Anarchia è allora libertà, uguaglianza, ordine sociale privo di un apparato statale e si impone
tramite una rivoluzione violenta da parte di tutti i poveri, gli sfruttati e gli oppressi (operai,
contadini, piccoli artigiani, sottoproletariato) i quali lotteranno fino all'ultimo uomo, non avendo
nulla da perdere. Secondo l'analisi di Bakunin la rivoluzione scoppierà nei paesi più poveri, non in
quelli più industrializzati, e sarà guidata dal ceto più sfruttato: i contadini italiani e spagnoli, presso
cui Bakunin si reca, sono i perfetti rivoluzionari. Lo scopo della rivoluzione è l'abbattimento
immediato di qualsiasi forma di autorità, che sia essa Stato, Chiesa o dittatura rivoluzionaria, le
quali sono tutte forme di dispotismo. Secondo Bakunin la rivoluzione deve portare lo Stato alla
bancarotta, sciogliere l'esercito, la magistratura e il clero, confiscare i mezzi di produzione e i
capitali e infine distruggere tutti i contratti, le leggi e la burocrazia: solo in questo modo si potrà
vivere in pace e in anarchia. La rivoluzione deve essere un fatto spontaneo e non guidato da una
élite, serviranno sicuramente dei comitati rivoluzionari che però avranno solamente il compito di
spingere la massa a ribellarsi, senza dare ordine precisi né organizzare la rivoluzione. Non bisogna
assolutamente fondare istituzioni rivoluzionarie, come i partiti o i sindacati, poiché bisogna lasciare
che le masse si auto-organizzino in una movimento di cooperazione federalista.

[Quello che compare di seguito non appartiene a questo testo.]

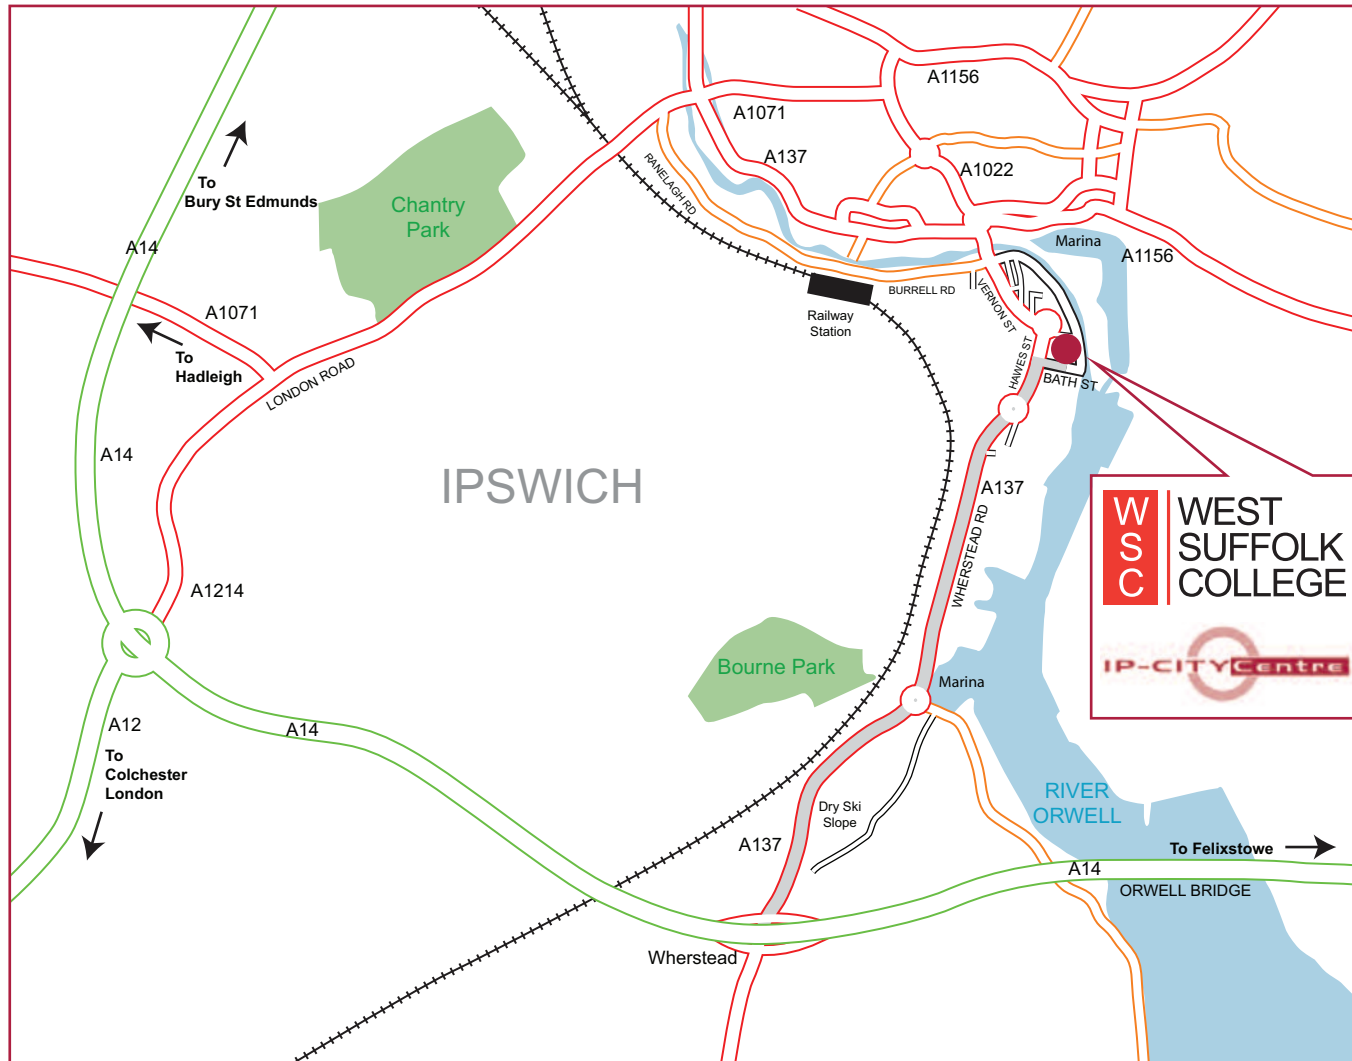

How to find West Suffolk College at Ip-City Centre Ipswich

FROM THE NORTH, SOUTH & WEST (BURY ST EDMUNDS, COLCHESTER, LONDON)
Follow the A14 East
After the A12/A14 Junction take the next exit (A137)
Follow signs for Ipswich
At the first roundabout take the first exit (left)
Continue straight across the following roundabout
At the third roundabout take the last exit into Bath Street (by Audi Garage on the right)
Ip-City Centre is on the left

FROM THE EAST (LOWESTOFT/FELIXSTOWE)
Follow the A14 West
After crossing the Orwell Bridge take the next exit (A137)
Follow the signs for Ipswich
At the roundabout take the first exit (left)
Continue straight across the following roundabout
At the third roundabout, take the last exit onto Bath Street (by the Audi Garage on the right)
Ip-City Centre is on the left

FROM IPSWICH TOWN CENTRE
Follow signs to Felaw Maltings/Chamber of Commerce
At roundabout, take last exit onto Wherstead Road
At the following roundabout turn left onto Bath Street
Ip-City Centre is on the left, opposite the Audi Garage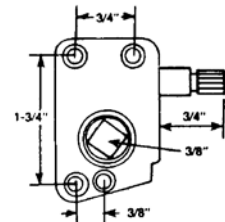

#495 Plastic Clip

Six clips w/ screws per pack. 3/16" offset. 10/Ctn.

0461832

#738 Torque Bar Bearing

0460308 Nylon, Bulk; 25/Ctn.

#763 Nylon Torque Bar Bearing

0461598 Bulk; 25/Ctn.

#715 R.H.

0461816 25/Ctn.

Crank Handles w/Screws

Plastic Crank Handles		
Prod. No.	Size	Quantity
0461833	1"	25/Bag
0461834	1-3/4"	25/Bag
0461823	2-1/2"	600/Ctn.
0461204	2-1/2" Carded	10/Ctn.
0461205	3-3/16" Carded	10/Ctn.
0461206	3-3/16"	500/Ctn.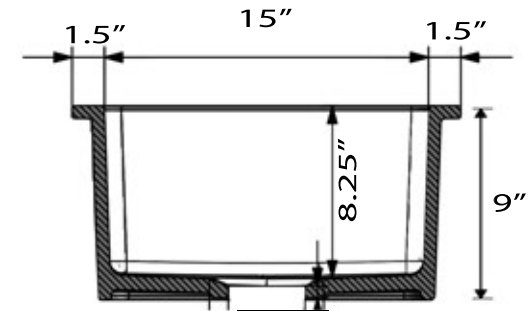

Cape Collection  
Premium Fireclay Undermount Kitchen Sink

MODEL:  
**Wellfleet-1818W**

Sink tapers to bottom

Overall Dimensions	Interior Bowl	Compatible Grid	Bowl Depth	Drain Dimensions
18" x 18" x 9"	15" x 15" Top of bowl	Included	8.25"	3.5" Opening

Please Be Advised

- (Nominal Dimensions\*) Actual Dimensions may vary by 1/4"
- Template Not included
- Installation Type: Dualmount/ Topmount or Undermount
- Mounting hardware not included - Professional Installation Only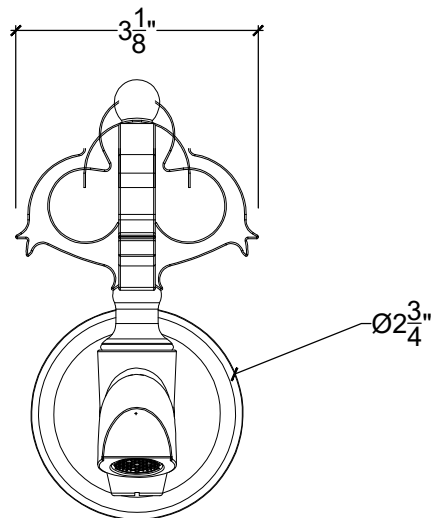

PETITE MACE

Wall Mount Petite Mace Spout - 1/2" NPT

Bec verseur mural, petit modele, 1/2" NPT

Style # 12206100

Copyright © Compas 2010 www.compassstone.com

I punti di contrasto tra Marx e Bakunin sono molteplici: Marx sostiene che la rivoluzione sia
limitata alla classe operaia, mentre Bakunin parla sempre di “masse”, accusando Marx di snobismo
nei confronti di contadini e sottoproletariato. Inoltre secondo Bakunin non esiste nulla come la lotta
di classe, ma solo una la dominazione da parte dello Stato sugli oppressi, che hanno il compito di
rivoltarsi contro il proprio destino di sfruttati, togliendo la rivoluzione da quel percorso quasi
provvidenzialistico che Marx traccia, parlandone come di un accadimento necessario e inserito in
un percorso storico ben definito. Altro punto di grande contrasto è il tema dell'uguaglianza: per
Bakunin l'uguaglianza non è mai economica ma di condizioni, ovvero una uguaglianza di istruzione.

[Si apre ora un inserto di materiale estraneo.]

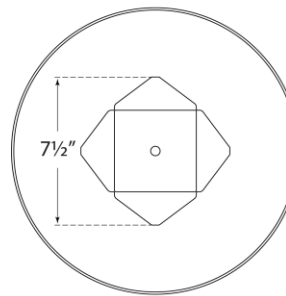

SPEC SHEET

Carmilla Medium Table Lamp

Item # KS 3630PBC-L

Designer: kate spade new york

Height: 27.75"

Width: 14.5"

Base: 4.25" Square

Finishes: ECG, LLC, MWT, PBC

Shade Treatments: L

Shade Details: 14.5" x 14.5" x 11.5"

Socket: E26 Keyless w/ Line Switch

Wattage: 100 A

Note: Reactive Ceramic Glazes Will Vary in Color and Texture

Bottom View

Front View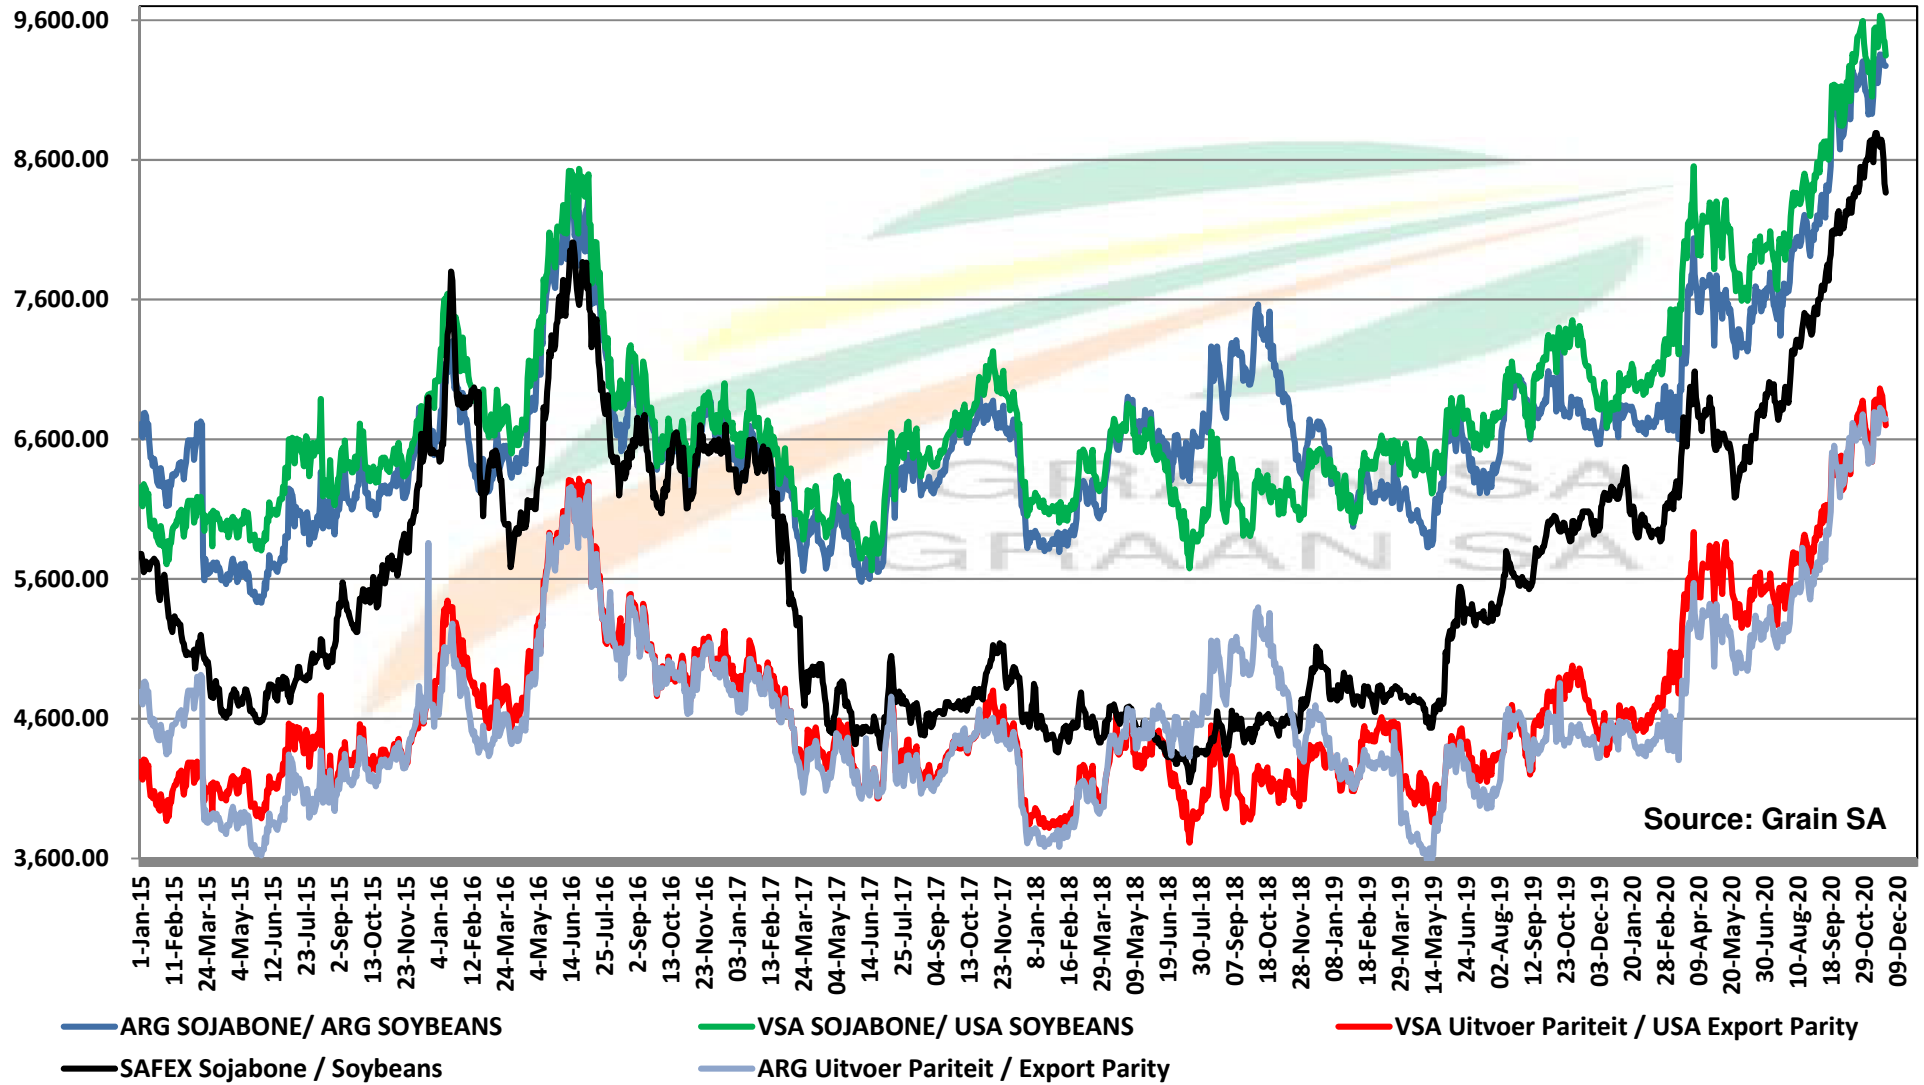

PRICES OF ARGENTINIAN SOYBEAN SEED DELIVERED IN RANDFONTEIN

PRYSE VAN ARGENTYNSE SOJABOONSAAD GELEWER IN RANDFONTEIN

Chi sa di più finirà sempre per dominare colui che sa di meno, dunque serve una istruzione integrale
che prepari tutti a fare tutto; sicuramente ci saranno specialisti in alcuni campi, dotati quindi di una
maggiore autorità in un ambito specifico, ma l'istruzione deve insegnare ad usare la propria ragione
tramite cui scegliere se seguire o meno l'autorità specialistica. Ultimo punto di contrasto, che si
ripercuoterà nella divisione tra anarchici comunisti e anarchici collettivisti, è appunto l'economia:
Bakunin abbraccia il collettivismo, dove tutti lavorano attraverso mezzi di produzione in comune
ma si dividono i beni in base alla quantità di lavoro svolto dai singoli. Questo punto sarà causa di
forti scontri con Marx, dato che ciascuno dei due pensatori accusa l'altro di istituire una autorità
superiore burocratica per far funzionare l'economia: in Marx per giudicare i bisogni in base ai quali
si dividono i beni, in Bakunin per quantificare il lavoro svolto.